== Description of the task ==
Images stay out. Everything else in the records is repeated exactly.

────────────────────

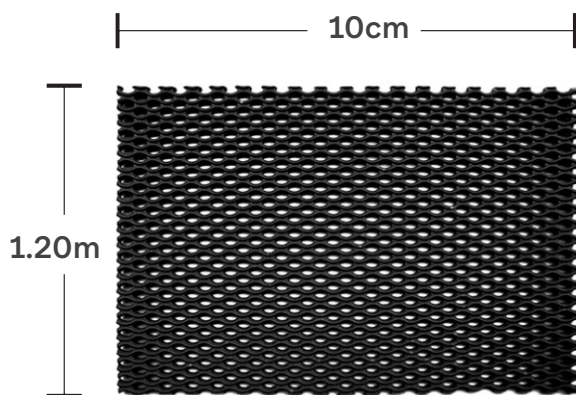

FELPUDO ANTIFATIGA W-KAP

Fue desarrollado para ubicaciones húmedas, antideslizantes y anti fúngicas. Traiga más seguridad e higiene a su entorno.

FELPUDO ANTIFATIGA W-KAP

100% Policloreto de Vinila

Beige

Gris

Negro

- Mas resistente
- Rápido de instalación
- Reciclave
- Térmico
- Fácil instalación

Extra Resistente

Repelente al Agua

Antiflamable

ESPECIFICACIONES TECNICAS

Medida: 1.20mTX10mTx6mm | Procedencia: Brazil

Peso: 6mm
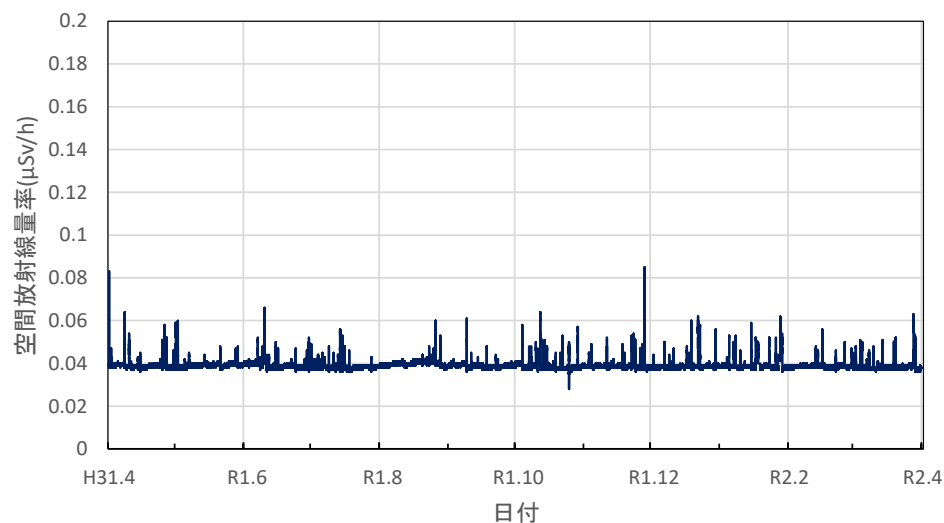

千葉県印西市 市立船穂中学校の空間放射線量率(10分値使用)

千葉県香取市 小見川市民センターの空間放射線量率(10分値使用)

千葉県市川市 市立大柏小学校の空間放射線量率(10分値使用)

千葉県館山市 県安房農業普及センター跡地の空間放射線量率(10分値使用)

千葉県茂原市 県大気汚染常時監視測定局の空間放射線量率(10分値使用)

東京都新宿区 都健康安全研究センターの空間放射線量率(10分値使用)

東京都大田区 羽田空港の空間放射線量率(10分値使用)
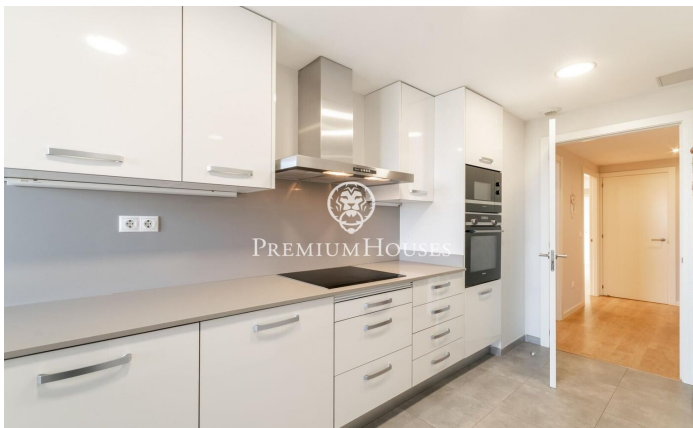

### La plana / Sitges

Al barri de La Plana de Sitges trobem aquest àtic. L'habitatge té vistes clares i un solàrium amb cuina exterior. El pis està en bon estat en un edifici molt recent. Aquest immoble es troba en una comunitat amb piscina comunitària, ascensor i pàrquing. A la planta baixa hi ha la zona de dia que es compon d'un saló-menjador i una cuina office totalment equipada. Les dues estances tenen accés a la terrassa. La zona de nit es distribueix en una habitació en suite amb vestidor, 3 habitacions simples amb armaris de paret i un bany complet que dona servei a tota la planta. A la planta superior hi ha el solàrium amb cuina exterior d'estiu on podeu gaudir d'unes vistes espectaculars al mar. El barri de la Plana de Sitges és una zona residencial tranquil·la propera als serveis essencials. Tot això sense renunciar a una ubicació propera al centre i a la platja.

**1.450.000 €**

170 m<sup>2</sup>  
4 Habitacions  
2 Banys  
Piscina  
AACC  
Calefacció  
Vistes al mar  
Ascensor  
Moblat  
Parking  
Terrassa  
Armaris encastats

Contacta'ns per a més informació o per concretar una cita
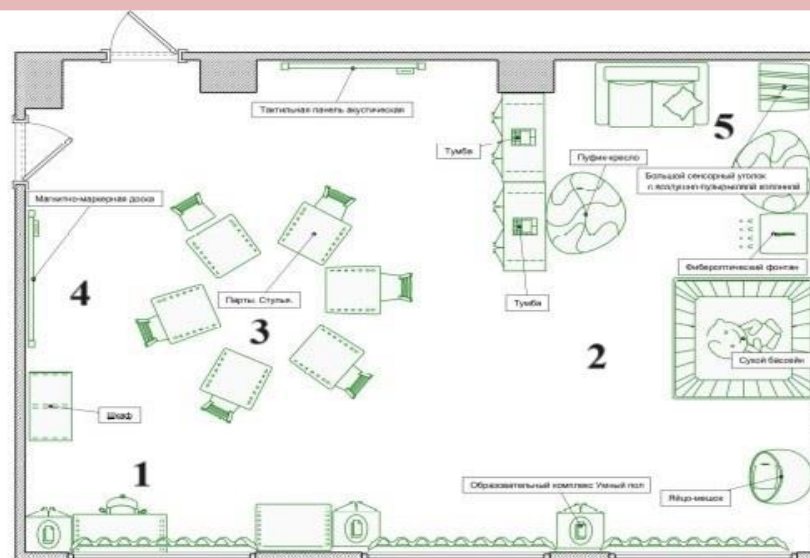

Условные обозначения:
 1-зона специалиста 2 - зона игровая 3,4 - зона учебная 5 - зона отдыха

Сенсорная комната: оборудование

1. Шкаф (1 шт)
2. Тумба (2 шт)
3. Стол ученический (6 шт)
4. Стул ученический (6 шт)
5. Стул учителя (1 шт)
6. Комплекс НИТ модульный для психолога (1 шт)
7. Кресло-мешок (2 шт)
8. Диван (1 шт)
9. Комплект светонепроницаемых штор (3 шт)
10. Магнитно-маркерная доска (1 шт)
11. Яйцо-мешок (1 шт)
12. сухой бассейн с подсветкой (1 шт)
13. Тактильная панель акустическая (1 шт)
14. Фиброоптический фонтан (1 шт)
15. Большой сенсорный уголок с воздушно-пузырьковой колонной(1 шт)
16. Система зеркальных фигур с прожектором и зеркалами (1 шт)
17. Панно «Звездное небо» (1 шт)
18. Сенсорный проектор «Жар птица» (1 шт)
19. Соляная лампа (2 шт)
20. Балансир (2 шт)
21. Массажная дорожка ребристая (2 шт)
22. Тактильная дорожка (1 шт)
23. Мат «Лимонная долька» (2 шт)
24. Ионизатор воздуха (2 шт)
25. Утяжеленный плед (1 шт)
26. МФУ
27. Ламинатор
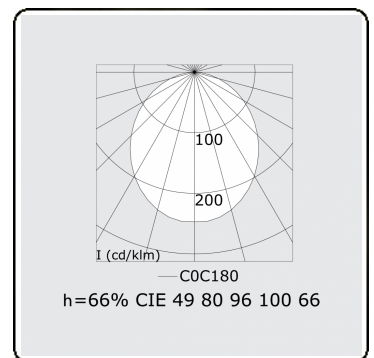

Lichttechnische Daten

UGR	>19
CIE Fluxcode	49 80 96 100 66

Abmessungen

A	2524 mm
---	---------

Bemerkungen

Einbauleuchte (randlos) - Direkt - HO 150mA - satiniert (bündig) - ANO

ENERGY

Verrijgbaar op aanvraag.
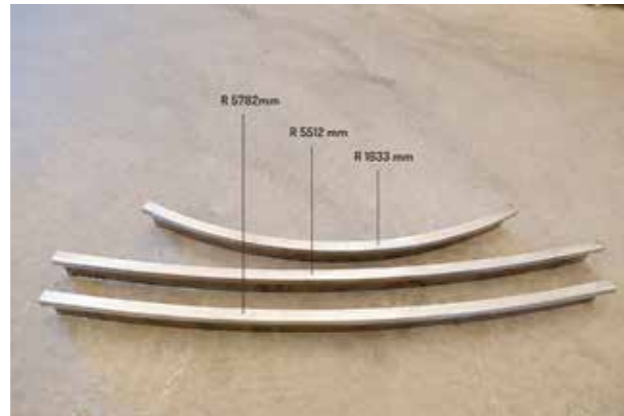

Green City Edge

Alltid bockad överkant
Rakt, snyggt och säkert
Inga vassa skalperingskanter

Kantstöden förtillverkas med exakta radier. Ingen bockning, kapning eller svetsning behövs på plats.

Rejåla kantstöd, odlingslådor och trädringar
Precisionen i de olika delarna i systemet Green City Edge tillsammans med den dubbelt bockade överkanten gör produkterna extremt stabila. Green Citys filosofi är att ett rakt kantstöd ska vara rakt och ett 90-gradershörn ska vara 90-grader, inget annat. Därför är detta är inga vecka, vassa kantstål som du bock-

ar själv över knät! Vill du ha kurvformade enheter så löser vi så klart det också. Vi låter tillverka efter dina önskade mått. Den dubbelt bockade överkanten gör också att det inte finns några vassa kanter som kan ge upphov till skador. Odlingslådorna och trädringarna tillverkas också i robust cortenstål och vi kan även utföra dem i specialmått specifikt för ditt projekt.

Kantstöd

Kantstöd rak

Artikelnummer: 70201
Längd 1000 eller 2000 mm
h 150, 200 eller 300 mm

Kantstöd special

Artikelnummer: 70210
Specialanpassade kantstöd med exempelvis förtillverkad radie.

Kantstöd ytterhörn

Green Citys kantstöd på lekplats. Den dubbelt bockade överkanten gör att det inte finns några vassa kanter.

Trädring

Green City Edge Trädring

Artikelnummer: 70207
Standardstorlek: Diameter 1200 mm. Utförs tvådelad som skruvas ihop (för befintliga träd) eller som en hel trädring. Kan även måttanpassas efter dina önskemål (art.nr. 70212).
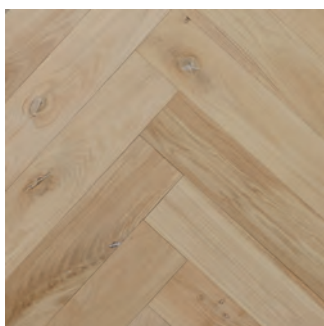

Rustik

Sadrži čvorove i približno 15-20% bjelike.

Artikl br.	Dimenzije, mm	Sadržaj paketa
SX-103725	15 x 120 x 500 / 600 / 700 / 800 / 900	4 lijeva i 4 desna komada
SX-103729	20 x 120 x 500 / 600 / 700 / 800 / 900	2 lijeva i 2 desna komada

* Na upit

Kvaliteta prema standardima kompanije, proizvedena u skladu s DIN EN 13629, površina kitovana i obrušena, pero i utor sa sve četiri strane, sa oborenim ivicama. Desni i lijevi komadi u jednom paketu.
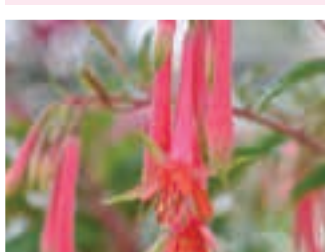

27 Kč 39 Kč 87 Kč

802 TACO
dlouhé květy v hustých hrozněch na vzrůstné rostlině, převislá
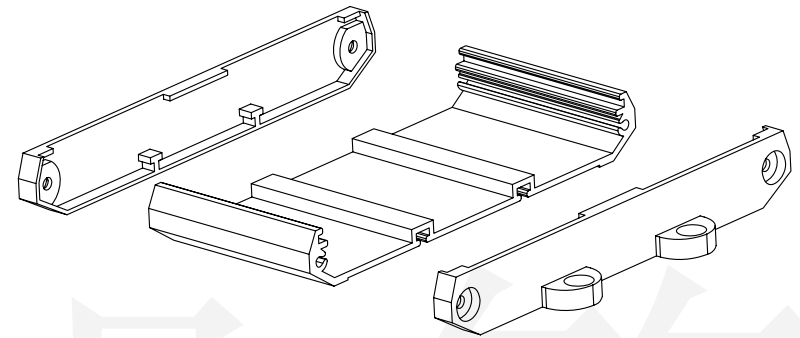

长河机箱
Changhe Enclosures

<http://www.enclosures.com.cn>

说明：两边堵头材料为ABS

底图总号

D

旧底图总号

日期

签字

制图 Drawing	审核 Auditing	批准 Confirm	产品名称 Product Name	卡式模组合 DIN rail terminal enclosure	材料 Material	铝型材
			产品编号 Product Code	15-17	视图 Project View	(mm)
共 张 第 张					图纸比例 Drawing Scale	
			宁波大洋壳体有限公司 Ningbo Dayang Enclosures CO.,LTD			
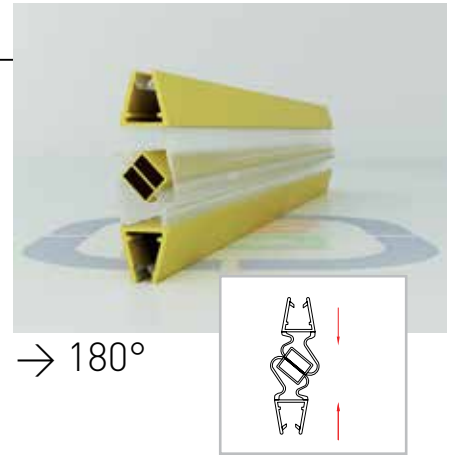

STOK BOYU / Stock Size : 150 / 180 / 200 cm

ADET - KOLİ / Pieces - Box : 50 Takım / 1 Koli
50 Sets / 1 Box

MF 02
GOLD

KÖŞE MIKNATISLI FİTİL

Corner Magnet Seal Stripe

→ 90°

→ 180°

MF 02
BLACK

────────────────────

== Solution for this problem ==
FELPUDO ANTIFATIGA W-KAP

Fue desarrollado para ubicaciones húmedas, antideslizantes y anti fúngicas. Traiga más seguridad e higiene a su entorno.

FELPUDO ANTIFATIGA W-KAP

100% Policloreto de Vinila

Beige

Gris

Negro

- Mas resistente
- Rápido de instalación
- Reciclave
- Térmico
- Fácil instalación

Extra Resistente

Repelente al Agua

Antiflamable

ESPECIFICACIONES TECNICAS

Medida: 1.20mTX10mTx6mm | Procedencia: Brazil

Peso: 6mm

千葉県印西市 市立船穂中学校の空間放射線量率(10分値使用)

千葉県香取市 小見川市民センターの空間放射線量率(10分値使用)

千葉県市川市 市立大柏小学校の空間放射線量率(10分値使用)

千葉県館山市 県安房農業普及センター跡地の空間放射線量率(10分値使用)

千葉県茂原市 県大気汚染常時監視測定局の空間放射線量率(10分値使用)

東京都新宿区 都健康安全研究センターの空間放射線量率(10分値使用)

東京都大田区 羽田空港の空間放射線量率(10分値使用)

### La plana / Sitges

Al barri de La Plana de Sitges trobem aquest àtic. L'habitatge té vistes clares i un solàrium amb cuina exterior. El pis està en bon estat en un edifici molt recent. Aquest immoble es troba en una comunitat amb piscina comunitària, ascensor i pàrquing. A la planta baixa hi ha la zona de dia que es compon d'un saló-menjador i una cuina office totalment equipada. Les dues estances tenen accés a la terrassa. La zona de nit es distribueix en una habitació en suite amb vestidor, 3 habitacions simples amb armaris de paret i un bany complet que dona servei a tota la planta. A la planta superior hi ha el solàrium amb cuina exterior d'estiu on podeu gaudir d'unes vistes espectaculars al mar. El barri de la Plana de Sitges és una zona residencial tranquil·la propera als serveis essencials. Tot això sense renunciar a una ubicació propera al centre i a la platja.

**1.450.000 €**

170 m<sup>2</sup>  
4 Habitacions  
2 Banys  
Piscina  
AACC  
Calefacció  
Vistes al mar  
Ascensor  
Moblat  
Parking  
Terrassa  
Armaris encastats

Contacta'ns per a més informació o per concretar una cita

Условные обозначения:
 1-зона специалиста 2 - зона игровая 3,4 - зона учебная 5 - зона отдыха

Сенсорная комната: оборудование

1. Шкаф (1 шт)
2. Тумба (2 шт)
3. Стол ученический (6 шт)
4. Стул ученический (6 шт)
5. Стул учителя (1 шт)
6. Комплекс НИТ модульный для психолога (1 шт)
7. Кресло-мешок (2 шт)
8. Диван (1 шт)
9. Комплект светонепроницаемых штор (3 шт)
10. Магнитно-маркерная доска (1 шт)
11. Яйцо-мешок (1 шт)
12. сухой бассейн с подсветкой (1 шт)
13. Тактильная панель акустическая (1 шт)
14. Фиброоптический фонтан (1 шт)
15. Большой сенсорный уголок с воздушно-пузырьковой колонной(1 шт)
16. Система зеркальных фигур с прожектором и зеркалами (1 шт)
17. Панно «Звездное небо» (1 шт)
18. Сенсорный проектор «Жар птица» (1 шт)
19. Соляная лампа (2 шт)
20. Балансир (2 шт)
21. Массажная дорожка ребристая (2 шт)
22. Тактильная дорожка (1 шт)
23. Мат «Лимонная долька» (2 шт)
24. Ионизатор воздуха (2 шт)
25. Утяжеленный плед (1 шт)
26. МФУ
27. Ламинатор

Lichttechnische Daten

UGR	>19
CIE Fluxcode	49 80 96 100 66

Abmessungen

A	2524 mm
---	---------

Bemerkungen

Einbauleuchte (randlos) - Direkt - HO 150mA - satiniert (bündig) - ANO

ENERGY

Verrijgbaar op aanvraag.

Green City Edge

Alltid bockad överkant
Rakt, snyggt och säkert
Inga vassa skalperingskanter

Kantstöden förtillverkas med exakta radier. Ingen bockning, kapning eller svetsning behövs på plats.

Rejåla kantstöd, odlingslådor och trädringar
Precisionen i de olika delarna i systemet Green City Edge tillsammans med den dubbelt bockade överkanten gör produkterna extremt stabila. Green Citys filosofi är att ett rakt kantstöd ska vara rakt och ett 90-gradershörn ska vara 90-grader, inget annat. Därför är detta är inga vecka, vassa kantstål som du bock-

ar själv över knät! Vill du ha kurvformade enheter så löser vi så klart det också. Vi låter tillverka efter dina önskade mått. Den dubbelt bockade överkanten gör också att det inte finns några vassa kanter som kan ge upphov till skador. Odlingslådorna och trädringarna tillverkas också i robust cortenstål och vi kan även utföra dem i specialmått specifikt för ditt projekt.

Kantstöd

Kantstöd rak

Artikelnummer: 70201
Längd 1000 eller 2000 mm
h 150, 200 eller 300 mm

Kantstöd special

Artikelnummer: 70210
Specialanpassade kantstöd med exempelvis förtillverkad radie.

Kantstöd ytterhörn

Green Citys kantstöd på lekplats. Den dubbelt bockade överkanten gör att det inte finns några vassa kanter.

Trädring

Green City Edge Trädring

Artikelnummer: 70207
Standardstorlek: Diameter 1200 mm. Utförs tvådelad som skruvas ihop (för befintliga träd) eller som en hel trädring. Kan även måttanpassas efter dina önskemål (art.nr. 70212).

Rustik

Sadrži čvorove i približno 15-20% bjelike.

Artikl br.	Dimenzije, mm	Sadržaj paketa
SX-103725	15 x 120 x 500 / 600 / 700 / 800 / 900	4 lijeva i 4 desna komada
SX-103729	20 x 120 x 500 / 600 / 700 / 800 / 900	2 lijeva i 2 desna komada

* Na upit

Kvaliteta prema standardima kompanije, proizvedena u skladu s DIN EN 13629, površina kitovana i obrušena, pero i utor sa sve četiri strane, sa oborenim ivicama. Desni i lijevi komadi u jednom paketu.

27 Kč 39 Kč 87 Kč

802 TACO
dlouhé květy v hustých hrozněch na vzrůstné rostlině, převislá

长河机箱
Changhe Enclosures

<http://www.enclosures.com.cn>

说明：两边堵头材料为ABS

底图总号

D

旧底图总号

日期

签字

制图 Drawing	审核 Auditing	批准 Confirm	产品名称 Product Name	卡式模组合 DIN rail terminal enclosure	材料 Material	铝型材
			产品编号 Product Code	15-17	视图 Project View	(mm)
共 张 第 张					图纸比例 Drawing Scale	
			宁波大洋壳体有限公司 Ningbo Dayang Enclosures CO.,LTD			

STOK BOYU / Stock Size : 150 / 180 / 200 cm

ADET - KOLİ / Pieces - Box : 50 Takım / 1 Koli
50 Sets / 1 Box

MF 02
GOLD

KÖŞE MIKNATISLI FİTİL

Corner Magnet Seal Stripe

→ 90°

→ 180°

MF 02
BLACK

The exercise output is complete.